## Work item
Restate each line below word for word, skipping every picture.

Extracted records

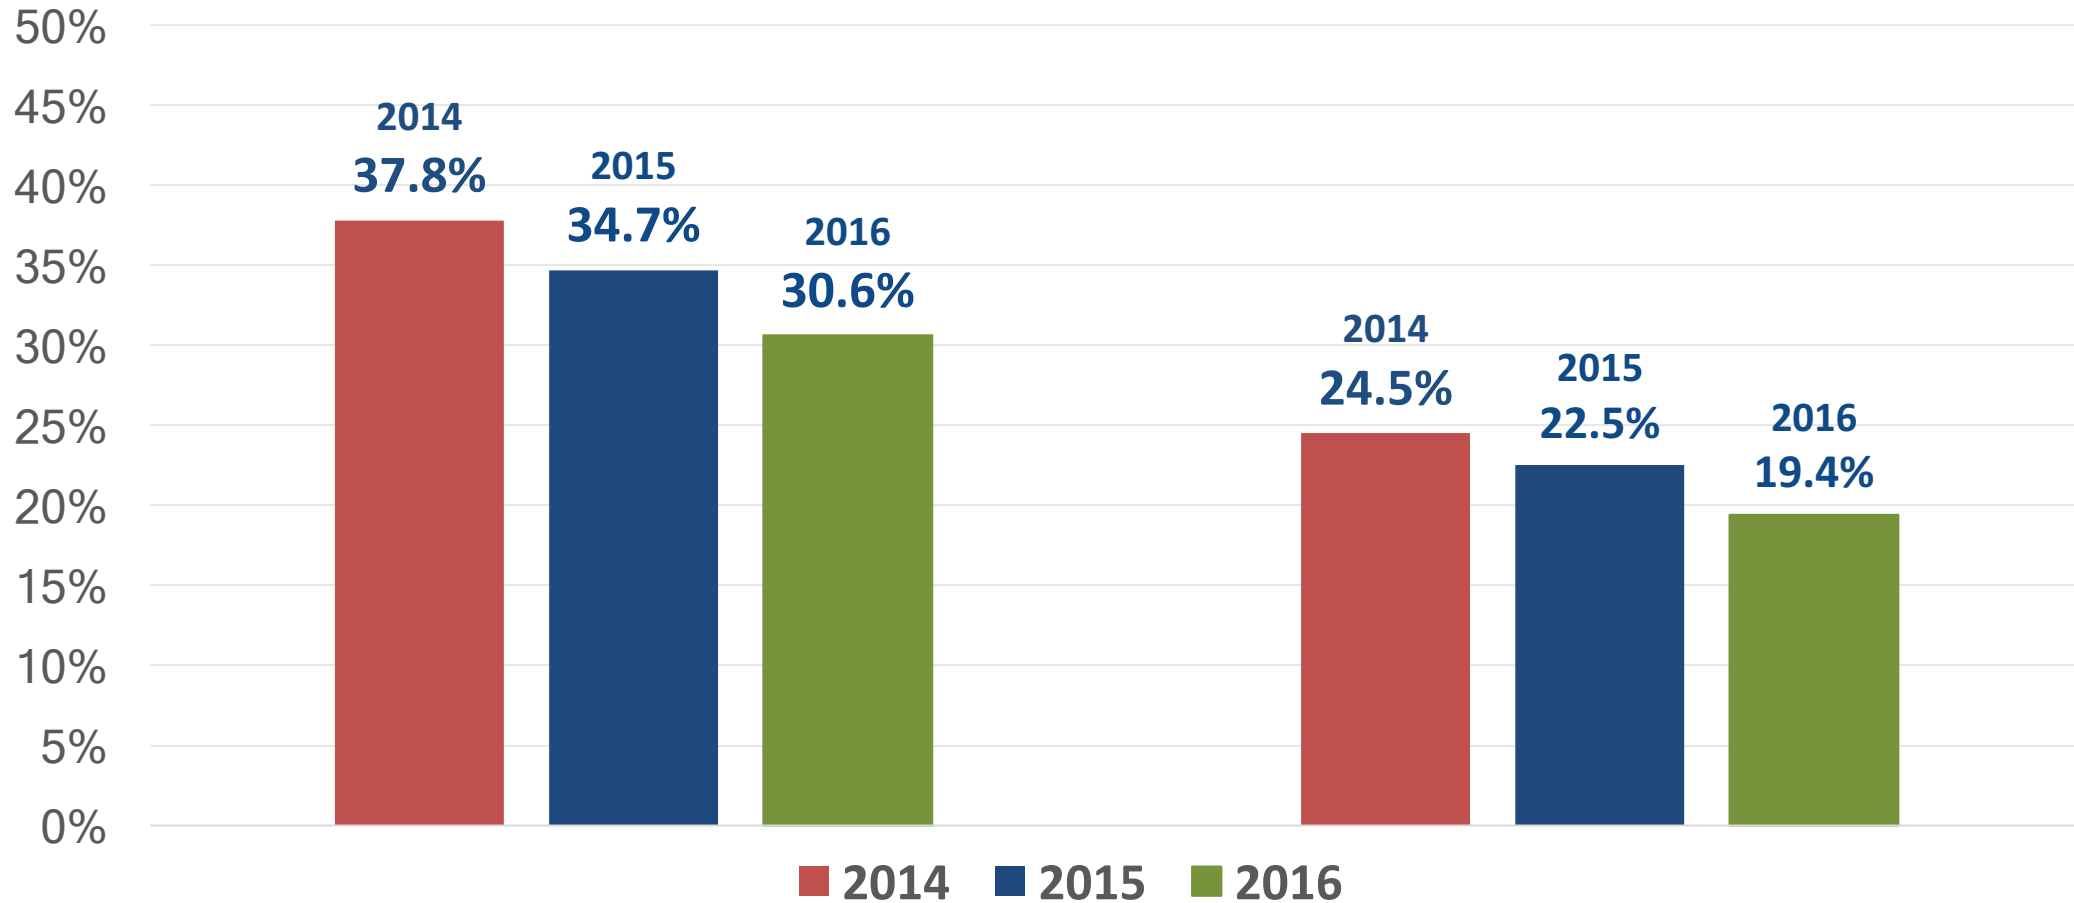

GROW SOUTH: SOUTHERN DALLAS TAX BASE RISING

TAXABLE PROPERTY VALUES

25.3%
Rate of growth in
Southern Dallas

PROGRESS ON POVERTY

Child Poverty Rate

Total Population

DALLAS COUNTY POSTSECONDARY ATTAINMENT, 2016

EDUCATION: PROGRESS ON MULTIPLE FRONTS IN DALLAS ISD

Pre-K Enrollment Growing

- **23% Increase of 4-Year Olds Enrolling Since 2013**
- **Over 12,200 Students Enrolled for First time in Dallas ISD History**
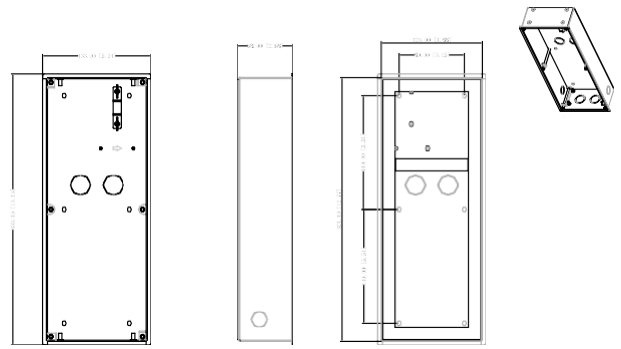

PIX-VAM032S e PIX-VAM033S

Mount box

VAM032S

VAM033S

Technical Specification

Model	VAM032S
Color	Silver
Dimensions	133mm×233.20mm×68.0mm(5.24"×9.18"×2.68")
Installation mode	Supports surface mounting and flush mounting
Panel Material	Aluminum

Model	VAM033S
Appearance color	Silver
Dimensions	133mm×333.40mm×68.0mm(5.24"×13.13"×2.68")
Installation mode	Supports surface mounting and flush mounting
Panel Material	Aluminum

Installation

PIX-VAM032S e PIX-VAM033S

Dimensions (mm[inch])

VAM032S

VAM033S
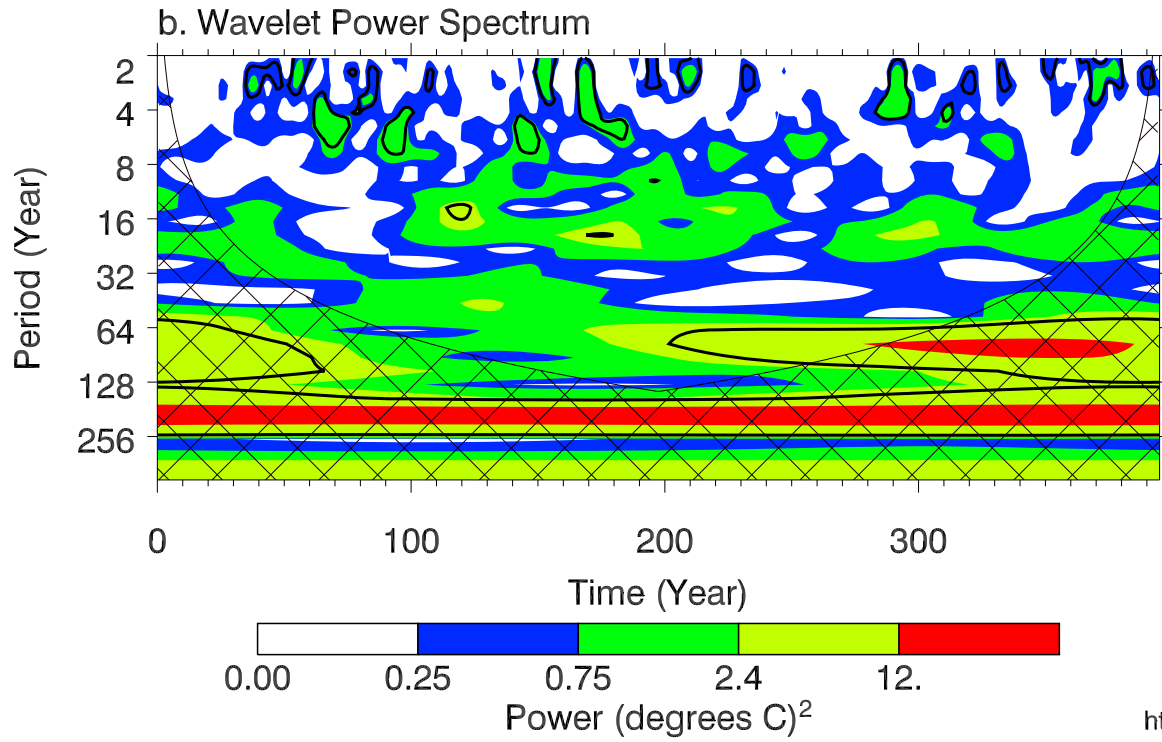

Morlet 6.00

Real (solid) Imaginary (dash)

c. Global Wavelet
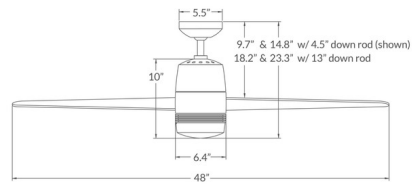

CLICK TO VIEW PRODUCT

Notes:
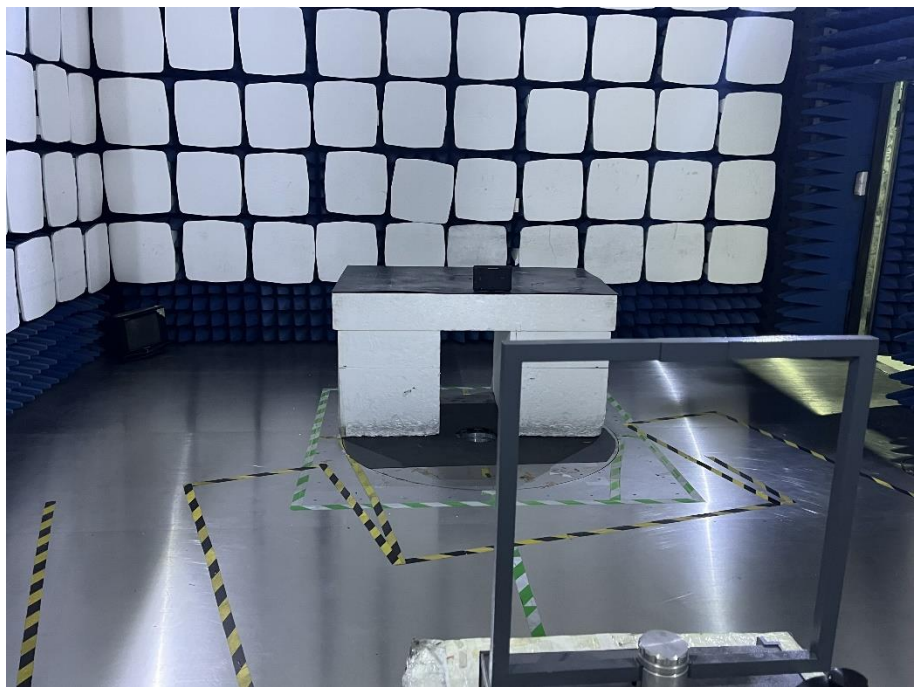

EXHIBIT 4 - TEST SETUP PHOTOGRAPHS

Conducted Emission Test Setup

Radiation Emission Test Setup (Below 30MHz)

**Radiation Emission
Test Setup (30MHz to1GHz)**

**Radiation Emission
Test Setup (1GHz to18GHz)**

* Means' only test and setup for PART 15C .

**** END OF REPORT ****
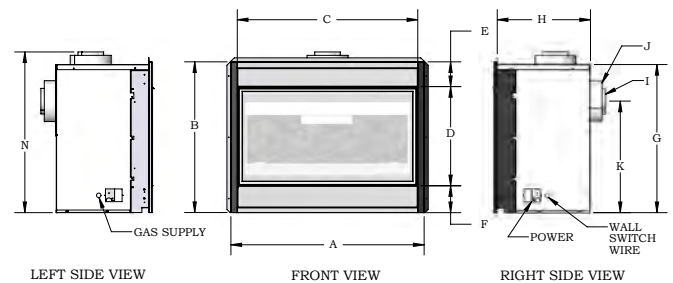

All specifications, framing dimensions, product designs, materials and colors are subject to change without notice. The actual flame pattern and color may vary slightly from the illustrations. Diagrams and illustrations are not to scale.

Options & accessories may have associated surcharge.

For more inspiration go to:
www.montigo.com

Direct Vent - Flush Face

Unit Dimensions

Model#	A	B	C	D	E	F	G	H	I	J	K	L	M	N	O	P
L38DF	37 1/4"	29 1/4"	35 1/4"	19 3/4"	4 7/8"	5 1/4"	29"	18 1/4"	5"	8"	21 7/8"	35 5/8"	11 1/8"	31 1/2"	21 1/8"	39 1/4"
L42DF	42"	30 1/2"	39 1/2"	20 1/4"	4 3/4"	5 3/8"	33 3/8"	19 3/4"	5"	8"	26 1/4"	39 1/4"	12 1/4"	36 3/4"	22 1/4"	43 3/4"
L52DF	52"	33 1/4"	47"	21 1/4"	6"	5 3/4"	33 1/2"	21 1/4"	5"	8"	28"	47 1/4"	14 1/4"	37 3/4"	24 1/4"	53 3/4"
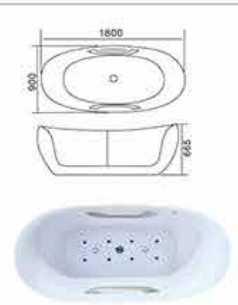

SIZE: 1700x850x650mm - 38.895.000đ

NS-5039

Bồn tắm Massage (không bao gồm vòi bồn)
Massage Bathtub (without bath mixer)

SIZE: 1500x750x600mm - 34.560.000đ
1600x800x600mm - 34.995.000đ
1700x750x600mm - 36.300.000đ

NS-5072

Bồn tắm Massage (không bao gồm vòi bồn)
Massage bathtub (without bath mixer)

SIZE: 1300x750x680mm - 45.870.000đ
1400x750x680mm - 45.870.000đ
1500x750x680mm - 47.595.000đ
1600x750x680mm - 47.595.000đ
1700x750x680mm - 48.885.000đ

NS-5025

Bồn tắm Massage (không bao gồm vòi bồn)
Massage Bathtub (without bath mixer)

SIZE: 1600x800x665mm - 41.520.000đ
1700x800x665mm - 42.810.000đ
1800x900x665mm - 47.580.000đ

NS-5026

Bồn tắm Massage (không bao gồm vòi bồn)
Massage Bathtub (without bath mixer)
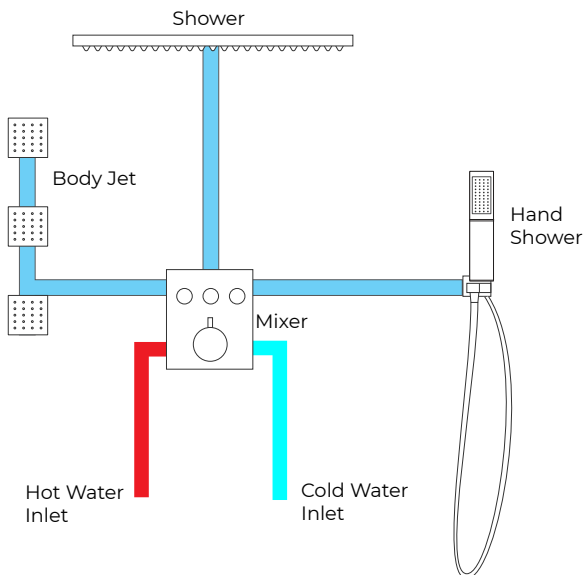

20*40IN LED MATTE BLACK RAINFALL SHOWER SYSTEM WITH HANDHELD SHOWER AND 3 JETTED BODY SPRAYS

SPECIFICATIONS

Shower Head

Hand Shower

Mixer Connections

Flow Rate: 2.0 GPM / 7.6 LPM

Body Jets

- FEATURES**
- Material: Brass
 - Base Plate Height: 5-1/8"
 - Base Plate Width: 5-1/8"
 - Jet Surface Area: 3-1/8"
 - Surface Depth: 1/4"
 - Adjustment Angle: 5°
 - Male NPT Connection: 1/2"
 - Maximum Flow Rate: 2.5 GPM (9.5L/min) max @ 80 psi

All dimensions and specifications are nominal and may vary. Use actual products for accuracy in critical situations.
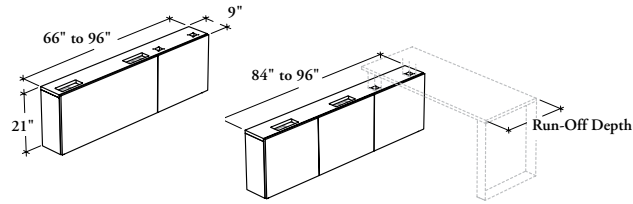

workwall storage

Xpress

B H K H F

Workwall Kneespace Module – Height-Adjustability and Fixed Worksurfaces

This module supports a Height-Adjustable and a Fixed Worksurfaces to enable users to work facing the wall in a sit/stand position. It must be anchored to a building wall.
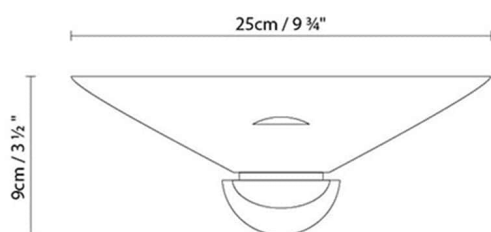

Weight :

Net kg.: 0.5

Gross kg: 0.8

Packaging:

N. packages: 1

Volume m3: 0.005

Dimensions cm: 27x15x12

REGINA W HALO

**Light source:**

Halo. max. 200W (R7s)

Weight :

Net kg.: 0.5

Gross kg: 0.8

Packaging:

N. packages: 1

Volume m3: 0.005

Dimensions cm: 27x15x12

Collection

Designer
Technical drawing
Instrucciones de montaje
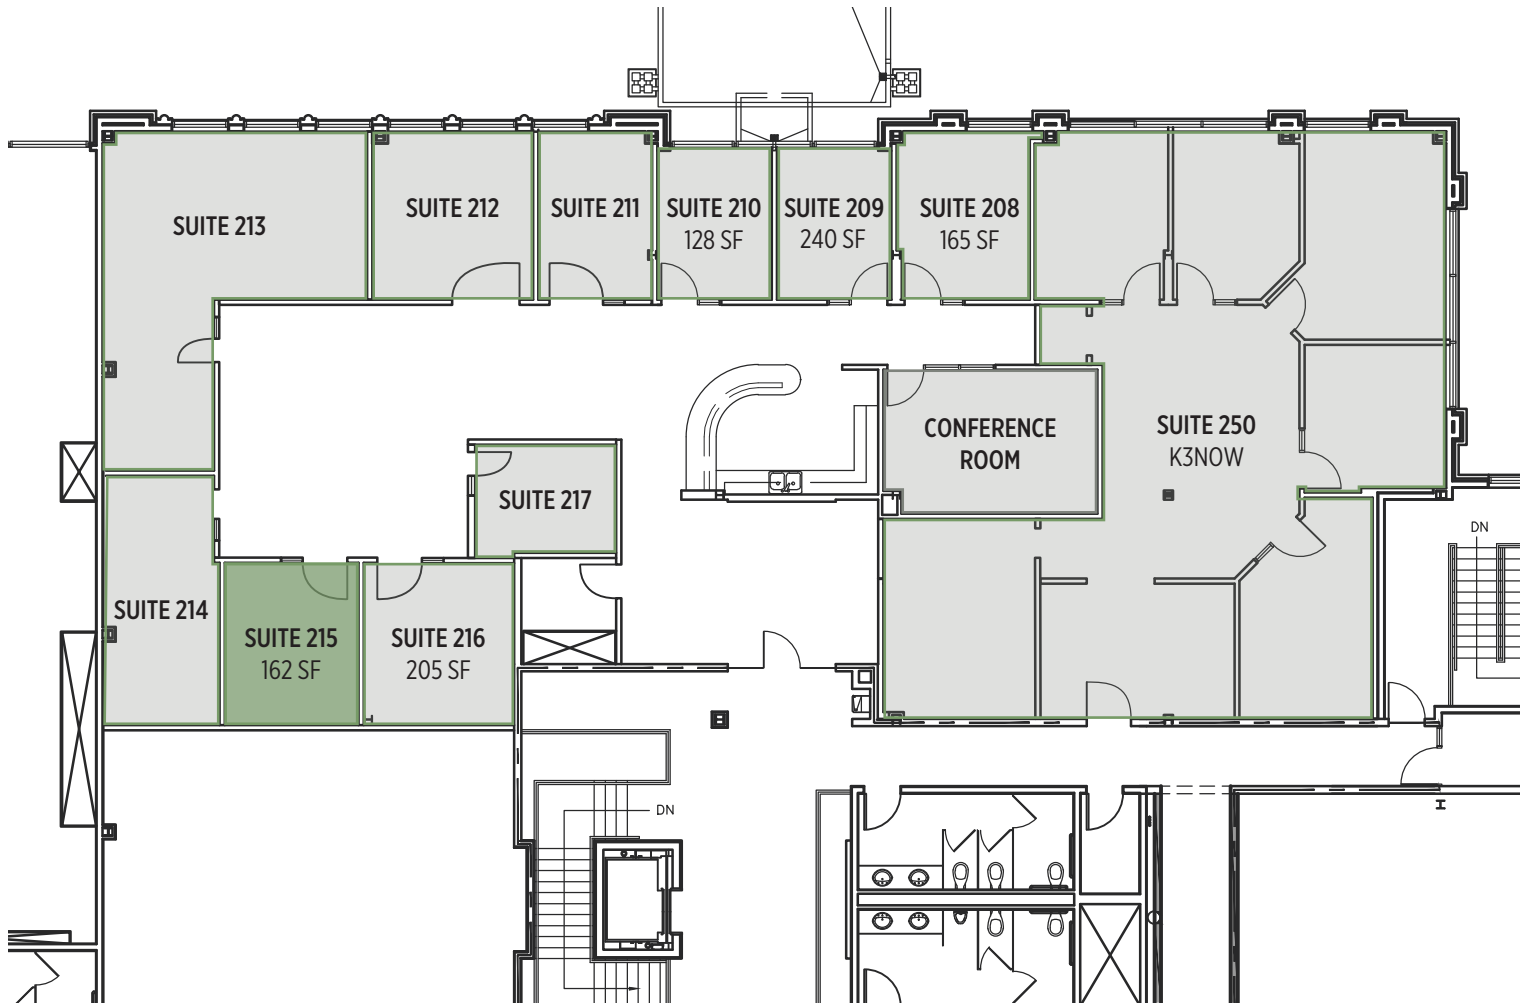

# 2nd Floor

2249 Wealthy St SE • Gaslight Village

## Executive Suites:

208	Leased
209	Leased
210	Leased
211	Leased
212	Leased

213	Leased	
214	Leased	
215	162 SF	\$800
216	Leased	
217	Leased	

Executive Suite leases are **gross leases**.  
Utilities are included in the lease.

## Result below
GROW SOUTH: SOUTHERN DALLAS TAX BASE RISING

TAXABLE PROPERTY VALUES

25.3%
Rate of growth in
Southern Dallas

PROGRESS ON POVERTY

Child Poverty Rate

Total Population

DALLAS COUNTY POSTSECONDARY ATTAINMENT, 2016

EDUCATION: PROGRESS ON MULTIPLE FRONTS IN DALLAS ISD

Pre-K Enrollment Growing

- **23% Increase of 4-Year Olds Enrolling Since 2013**
- **Over 12,200 Students Enrolled for First time in Dallas ISD History**

PIX-VAM032S e PIX-VAM033S

Mount box

VAM032S

VAM033S

Technical Specification

Model	VAM032S
Color	Silver
Dimensions	133mm×233.20mm×68.0mm(5.24"×9.18"×2.68")
Installation mode	Supports surface mounting and flush mounting
Panel Material	Aluminum

Model	VAM033S
Appearance color	Silver
Dimensions	133mm×333.40mm×68.0mm(5.24"×13.13"×2.68")
Installation mode	Supports surface mounting and flush mounting
Panel Material	Aluminum

Installation

PIX-VAM032S e PIX-VAM033S

Dimensions (mm[inch])

VAM032S

VAM033S

Morlet 6.00

Real (solid) Imaginary (dash)

c. Global Wavelet

CLICK TO VIEW PRODUCT

Notes:

EXHIBIT 4 - TEST SETUP PHOTOGRAPHS

Conducted Emission Test Setup

Radiation Emission Test Setup (Below 30MHz)

**Radiation Emission
Test Setup (30MHz to1GHz)**

**Radiation Emission
Test Setup (1GHz to18GHz)**

* Means' only test and setup for PART 15C .

**** END OF REPORT ****

All specifications, framing dimensions, product designs, materials and colors are subject to change without notice. The actual flame pattern and color may vary slightly from the illustrations. Diagrams and illustrations are not to scale.

Options & accessories may have associated surcharge.

For more inspiration go to:
www.montigo.com

Direct Vent - Flush Face

Unit Dimensions

Model#	A	B	C	D	E	F	G	H	I	J	K	L	M	N	O	P
L38DF	37 1/4"	29 1/4"	35 1/4"	19 3/4"	4 7/8"	5 1/4"	29"	18 1/4"	5"	8"	21 7/8"	35 5/8"	11 1/8"	31 1/2"	21 1/8"	39 1/4"
L42DF	42"	30 1/2"	39 1/2"	20 1/4"	4 3/4"	5 3/8"	33 3/8"	19 3/4"	5"	8"	26 1/4"	39 1/4"	12 1/4"	36 3/4"	22 1/4"	43 3/4"
L52DF	52"	33 1/4"	47"	21 1/4"	6"	5 3/4"	33 1/2"	21 1/4"	5"	8"	28"	47 1/4"	14 1/4"	37 3/4"	24 1/4"	53 3/4"

SIZE: 1700x850x650mm - 38.895.000đ

NS-5039

Bồn tắm Massage (không bao gồm vòi bồn)
Massage Bathtub (without bath mixer)

SIZE: 1500x750x600mm - 34.560.000đ
1600x800x600mm - 34.995.000đ
1700x750x600mm - 36.300.000đ

NS-5072

Bồn tắm Massage (không bao gồm vòi bồn)
Massage bathtub (without bath mixer)

SIZE: 1300x750x680mm - 45.870.000đ
1400x750x680mm - 45.870.000đ
1500x750x680mm - 47.595.000đ
1600x750x680mm - 47.595.000đ
1700x750x680mm - 48.885.000đ

NS-5025

Bồn tắm Massage (không bao gồm vòi bồn)
Massage Bathtub (without bath mixer)

SIZE: 1600x800x665mm - 41.520.000đ
1700x800x665mm - 42.810.000đ
1800x900x665mm - 47.580.000đ

NS-5026

Bồn tắm Massage (không bao gồm vòi bồn)
Massage Bathtub (without bath mixer)

20*40IN LED MATTE BLACK RAINFALL SHOWER SYSTEM WITH HANDHELD SHOWER AND 3 JETTED BODY SPRAYS

SPECIFICATIONS

Shower Head

Hand Shower

Mixer Connections

Flow Rate: 2.0 GPM / 7.6 LPM

Body Jets

- FEATURES**
- Material: Brass
 - Base Plate Height: 5-1/8"
 - Base Plate Width: 5-1/8"
 - Jet Surface Area: 3-1/8"
 - Surface Depth: 1/4"
 - Adjustment Angle: 5°
 - Male NPT Connection: 1/2"
 - Maximum Flow Rate: 2.5 GPM (9.5L/min) max @ 80 psi

All dimensions and specifications are nominal and may vary. Use actual products for accuracy in critical situations.

workwall storage

Xpress

B H K H F

Workwall Kneespace Module – Height-Adjustability and Fixed Worksurfaces

This module supports a Height-Adjustable and a Fixed Worksurfaces to enable users to work facing the wall in a sit/stand position. It must be anchored to a building wall.

Weight :

Net kg.: 0.5

Gross kg: 0.8

Packaging:

N. packages: 1

Volume m3: 0.005

Dimensions cm: 27x15x12

REGINA W HALO

**Light source:**

Halo. max. 200W (R7s)

Weight :

Net kg.: 0.5

Gross kg: 0.8

Packaging:

N. packages: 1

Volume m3: 0.005

Dimensions cm: 27x15x12

Collection

Designer
Technical drawing
Instrucciones de montaje

# 2nd Floor

2249 Wealthy St SE • Gaslight Village

## Executive Suites:

208	Leased
209	Leased
210	Leased
211	Leased
212	Leased

213	Leased	
214	Leased	
215	162 SF	\$800
216	Leased	
217	Leased	

Executive Suite leases are **gross leases**.  
Utilities are included in the lease.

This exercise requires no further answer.